Un escritor también tiene derecho a ser libre. A caminar por su escritura sin género de dudas y de ninguna clase, sin preocupaciones acerca de la estructura de la trama, de si ésta se silba igual que un estribillo o asemeja ideas para un cuento, apuntadas en un diario donde salvarse. Un escritor tiene derecho a dejar que su deseo de viento le despeine la escritura de la que disfruta sus ritmos de más, sus ritmos de menos según avanza, de las salidas de la avenida principal de la historia para entretenerse con otras posibles rutas o ensimismándose en un destello el tiempo que le parezca oportuno. Un escritor tiene derecho a hurgar en las heridas comunes de la gente, en las que esconde junto a sus miedos o a ordenar sus fantasmas y su peso, igual que si fuesen pájaros en esos cables de alta tensión o en los álamos secos en los que se posan como si fuesen notas de un pentagrama para el instrumento del aire, u hojas echando un sueño. Todas estas libertades sólo exigen un lenguaje vivo, que sea parecido a una casa en la que uno entra y quiere quedarse. Es lo que sucede -de hecho, todo lo que hasta este instante he dicho- con Isabel Bono y su 'Diario del asco'. Una novela que por el estilo, entre la poesía -de la que es una voz sensible y con personalidad al margen de tendencias-, el aforismo, la narrativa fragmentaria, y la introspección de las emociones como cromos, recuerda lo mejor de Boris Vian, de quién celebramos 'Centenario con jazz de trompeta de fondo'. Su universo cruzado por la sombra de las enfermedades, del suicidio, de la ternura, el juego, y el sentido de la vida rehén de todas las promesas de la felicidad.

Isabel Bono narra en corto la vida de Mateo desde que se asesina fallidamente en un hotel, sin que sepamos si ha leído o no a Pavese, y vuelve a su casa con las muñecas vendadas y su odio hacia el padre y su hermano. El segundo es una ausencia con la que nunca se condujo bien entre celos y los afectos de una madre que los abandonó por la vía más rápida del balcón hacia la calle, y al primero lo combate a través de conversaciones y gestos entre las que ninguno de los dos se encuentra. Ni al otro, ni a sí mismos. Su actitud ante la vida es imaginarse un mundo vacío, mira contempla paredes, las preguntas se le escapan entre los dedos y no sabe la manera de limpiar el polvo sucio que cubre sus emociones. Tampoco conoce la mejor manera de ponerle llanto o un cascabel a la tristeza, o si es posible escapar de todo -sobre todo de su padre que cada día le salpica el desayuno con tragedias de televisión y radio- a través de la lectura y los billares. Mateo, igual que una criatura de Vian o de la Amelie de la película, sobrevive en las arenas movedizas de lo cotidiano y de las rutinas de la convivencia tirando de extrañamientos, buscándose en detalles en los que encontrar una brújula. Y en medio de su vida sin horizonte, una esposa a la que amar con simples comentarios, la imagen de Kasparov envejeciendo mal con alfil blanco; los zapatos de la gente a los que adivinarles su personalidad, y una psiquiatra con la que explorar lo que sabe y lo que no sabe. Hasta que aparece Micaela que chupa caramelos mientras se ducha, le cuenta cuentos que no se sabe si terminan y le enseña a hacer listas. Transcurre su vida sin que suceda ninguna aventura. Nada le colma. Tampoco encuentra cómo dejar de sentirse un reflejo en un escaparate de lámparas.

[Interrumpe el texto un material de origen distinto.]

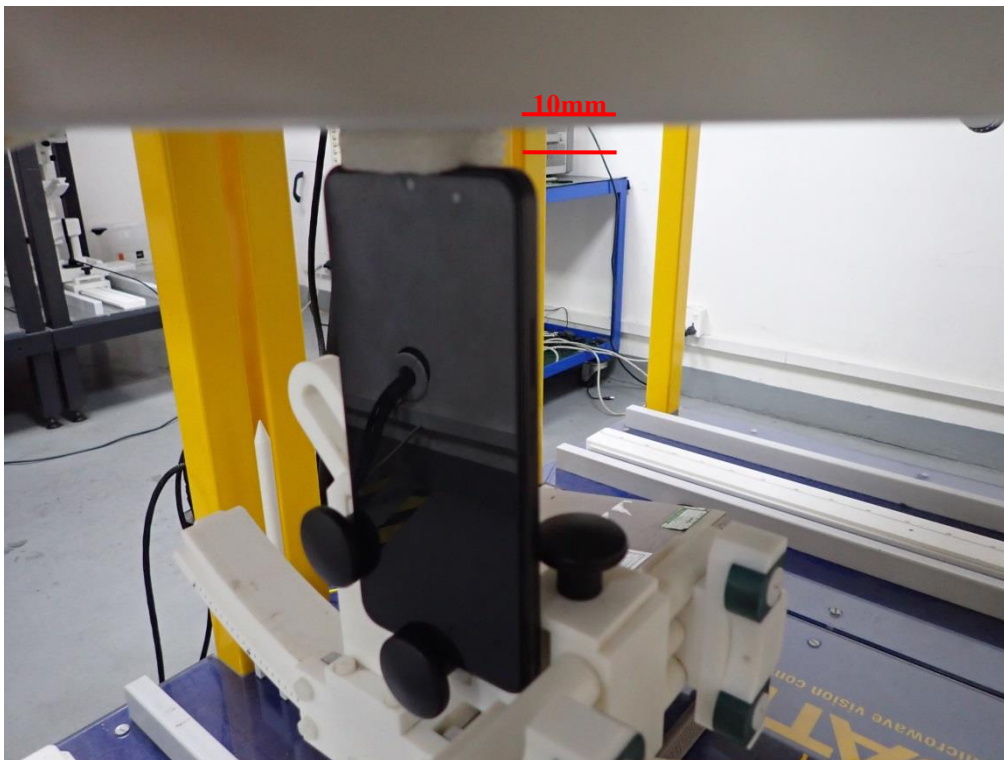

LEFT-CHEEK TOUCH

LEFT-TILT 15°

RIGHT- CHEEK TOUCH

RIGHT-TILT 15°

Body Back 10mm

Body Front 10mm

Edge 1(Top) 10mm-Hotspot Mode

Edge 2(Right) 10mm-Hotspot Mode

Edge 4(Left) 10mm-Hotspot Mode
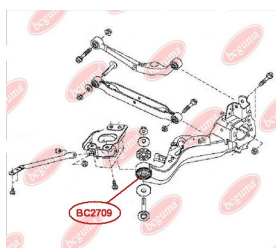

BC2709

CONTROL ARM-/TRAILING ARM BUSH

www.en.bcguma.ua/auto/BC2709

Part Number:	BC2709
GTIN-13:	4823101805635
Number of other manufacturers (OEMs):	55501JD00A; 55044JG00A; 55044JG00B; 55502JG000; 55502JY00A; 55502JG02B; 55501JG02B
Weight, g:	542
Required amount:	2
Items in Package:	1
External diameter, mm:	69.3
Inner diameter, mm:	14.2
Thickness, mm:	62.0
Material:	Metal / Rubber
That installation:	Back
Party settings:	Left / Right

APPLICABILITY:

NISSAN

CONTROL ARM-/TRAILING ARM BUSH

www.en.bcguma.ua/auto/BC2710

Part Number:	BC2710
GTIN-13:	4823101805475
Number of other manufacturers (OEMs):	545004M501; 545004M401
Weight, g:	141
Required amount:	2
Items in Package:	1
External diameter, mm:	49.5
Inner diameter, mm:	20.8
Thickness, mm:	38.2
Material:	Metal / Rubber
That installation:	Front
Party settings:	Left / Right

APPLICABILITY:

NISSAN

BC2710
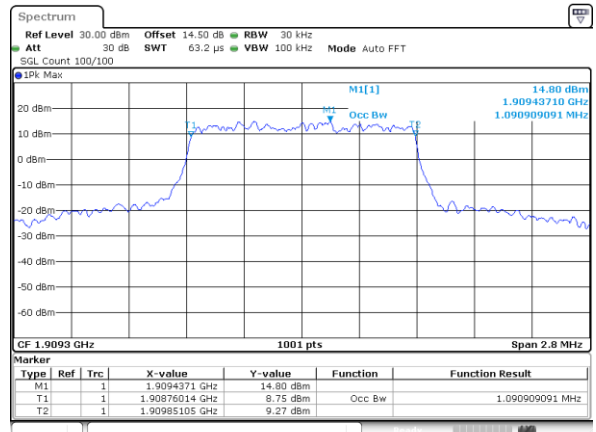

Mode	LTE Band 7 : 99%OBW(MHz)											
	1.4MHz		3MHz		5MHz		10MHz		15MHz		20MHz	
Mod.	QPSK	16QAM	QPSK	16QAM	QPSK	16QAM	QPSK	16QAM	QPSK	16QAM	QPSK	16QAM
Lowest CH	-	-	-	-	4.49	4.52	9.03	8.97	13.43	13.37	18.18	18.50
Middle CH	-	-	-	-	4.51	4.51	9.01	9.01	13.46	13.46	18.58	18.50
Highest CH	-	-	-	-	4.51	4.49	9.07	9.03	13.55	13.46	18.58	18.46

LTE Band 2

Lowest Channel / 1.4MHz / QPSK

Date: 18.AUG.2017 06:54:17

Lowest Channel / 1.4MHz / 16QAM

Date: 18.AUG.2017 06:54:27

Middle Channel / 1.4MHz / QPSK

Date: 18.AUG.2017 07:01:29

Middle Channel / 1.4MHz / 16QAM

Date: 18.AUG.2017 07:01:36

Highest Channel / 1.4MHz / QPSK

Date: 18.AUG.2017 07:03:58

Highest Channel / 1.4MHz / 16QAM

Date: 18.AUG.2017 07:04:08

LTE Band 2

Lowest Channel / 3MHz / QPSK

Date: 18.AUG.2017 07:11:09
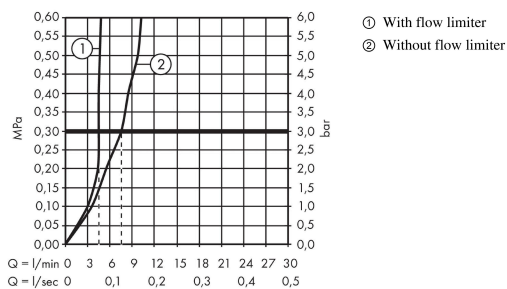

Talis E

3-hole basin mixer 150 with pop-up waste set

Finish: **Brushed Black Chrome** Article Number: **71733347**

Description

product features

- consists of: 3-hole basin mixer, waste set
- ComfortZone 150
- projection: 109 mm
- spout height: 104 mm
- maximum flow rate at 3 bar: 5 l/min
- ceramic valves hot/cold 90°
- suitable for continuous flow water heaters
- pop-up waste set G 1¼
- material waste set: metal
- connection type: G ½ connections
- connection dimension: DN15

Technology

Product image

Scale drawing

Flowchart

Talis E

3-hole basin mixer 150 with pop-up waste set

Finish: **Brushed Black Chrome** Article Number: **71733347**

Exploded Drawing

Year of production: >03/20

Talis E

3-hole basin mixer 150 with pop-up waste set

Finish: **Brushed Black Chrome** Article Number: **71733347**

Spare part list

Year of production: >03/20

Pos.	Description	Article Number	Price	PU
1	spout cpl.	92785340	£ 202,00	1
2	aerator M24x1 (5 l/min)	13185340	£ 33,00	1
3	O-ring 18x2,5	98139000	£ 3,30	1
4	escutcheon Ø 53 mm	95272340	£ 96,00	1
5	O-ring 40x3	92634000	£ 3,30	1
6	O-ring 11x2	98127000	£ 3,30	1
7	fixing set (Ø 32)	13961000	£ 25,00	1
8	lever collar	97548000	£ 3,30	1
9	connection hose 450 mm M8x0,75 G3/8	97206000	£ 35,00	1
10	O-ring 7x1,5	98422000	£ 3,30	1
11	sealing set	95581000	£ 6,10	1
12	handle	92779340	£ 96,00	1
13	handle fixing set	94184000	£ 6,10	1
14	set of color-rings cold / hot water	95819000	£ 13,30	1
15	escutcheon Ø 52 mm	97285340	£ 76,00	1
16	nut	92854000	£ 20,50	1
17	O-Ring 32x2,5	96364000	£ 25,00	1
18	shut off unit left closing	94008000	£ 43,00	1
19	shut off unit right closing	94009000	£ 43,00	1
20	connection hose 450 mm M8x0,75 G½	97443000	£ 20,50	1
21	pull rod	96657340	£ 19,80	1
a	pop up waste	94139007	-	1
b	fixation extension 35 mm	13898000	£ 79,00	1
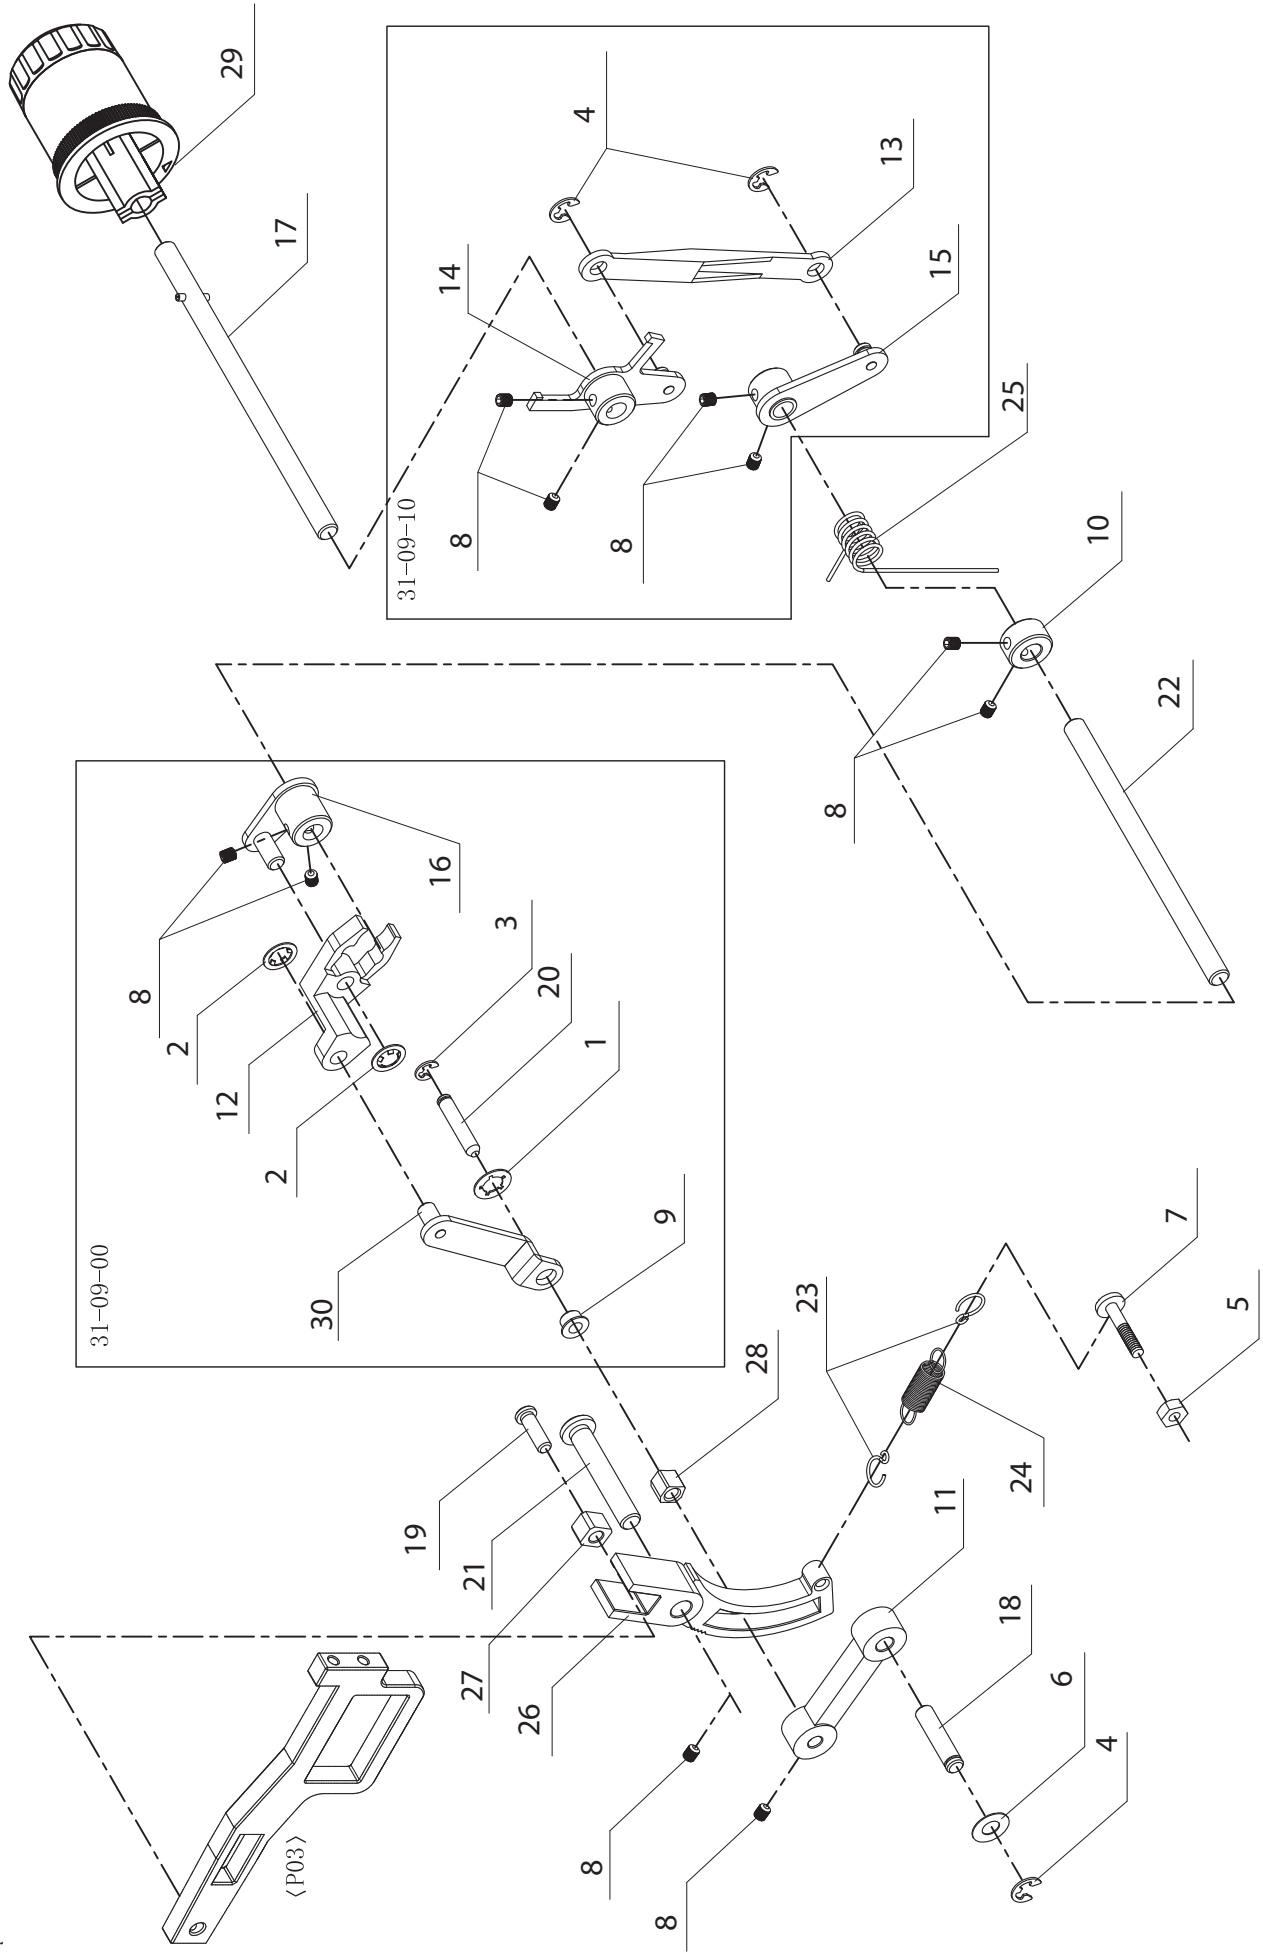

B

No.	Part No.	Description
1	68021138	Screw M4-L8
2	68021700	Face cover
3	SEE #5	Blade
4	SEE #5	Thread cutter holder
5	68015728	Thread Cutter Set
6	68021701	Left side cover
7	68021157	Screw M4-L10
8	68021702	Left side cover screw cover
9		
10	68021815	Thread guide plate
11	68021816	Thread guide dish
12	68021616	Spring cutton
13	68021703	Top cover
14	68021705	Top cover screw cover
15		
16	68021706	Spool pin cap
17	68021707	Spool set

J

No.	Part No.	Description
1	68021278	Snap ring E-4
2	68021275	Nut
3	68021303	Flat washer
4	68021373	Flat washer
5	68021300	Screw M4-L5
6	68021030	Screw M4-10
7	68021001	Screw M4-4
8	68021308	Stop collar
9	68021355	Stop collar
10	68021740	Feeding adjust cam
11	68021594	Winding plate
12	68021578	Feeding knob crank
13	68021595	Feeding adjust crank
14	68021597	Feeding dial shaft
15	68021687	Spring
16	68021250	Differential knob shrapnel
17	68021741	Stitch length knob

No.	Part No.	Description
1	68021684	Internal teeth lock washer CS-2
2	68021278	Snap ring E-4
3	68020936	Snap ring E-5
4	68021102	Flat washer
5	68021101	Washer
6	68021686	Flat washer
7	68021685	Flat washer
8	68021266	Screw M4-L8
9	68021223	Screw M4*6
10	68021677	D.T B
11	68021659	D.T dish B
12	68021103	D.T dish A
13	68021663	D.T Pressure dish
14	68021682	Shaft
15	68021679	Spring
16	68021687	Spring
17	68021680	Spring
18	68021742	Tension adjust screw
19	68021743	Tension spring
20	68021745	Front cover fulcrum
21	68021746	Tension knob
#1	68023862	THREAD TENSION REGULATOR Yellow

No.	Part No.	Description
1	68021278	Snap ring E-4
2	68021102	Flat washer
3	68021101	Washer
4	68021300	Screw M4-L5
5	68021223	Screw M4*6
6	68021657	D.T A
7	68021659	D.T dish B
8	68021103	D.T dish A
9	68021663	D.T Pressure dish
10	68021678	Spring
11	68021104	Spring
12	68021746	Tension knob
13	68021742	Tension adjust screw
14	68021743	Tension spring
15	68021748	Front decorative cover support
#2	68023863	THREAD TENSION REGULATOR Blue
#3	68023864	THREAD TENSION REGULATOR RED
#4	68023865	THREAD TENSION REGULATOR green
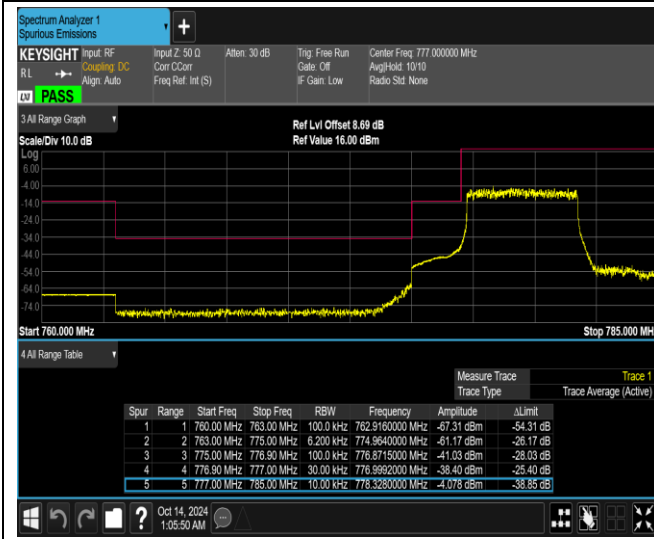

Band13-5MHz-16QAM-23255-1RB#24

Band13-5MHz-16QAM-23255-25RB#0

Band13-5MHz-64QAM-23205-1RB#0

Band13-5MHz-64QAM-23205-1RB#24

Band13-5MHz-64QAM-23205-25RB#0

Band13-5MHz-64QAM-23255-1RB#0

Band13-5MHz-64QAM-23255-1RB#24

'Diario del asco' registra una existencia entre el desasosiego, las culpas y una soledad difícil de encajar en la de otros. Resulta amargo pero Isabel Bono lo cuenta fácil, humano, con mucho humor Buster Keaton. Y lo hace con la brillante libertad de una escritura con la que a la vida de muchos su historia sobre las pequeñas grandes cosas les hace terapia, llanto y después una esperanza. Dulce, igual que la gelatina con forma de peces rojos.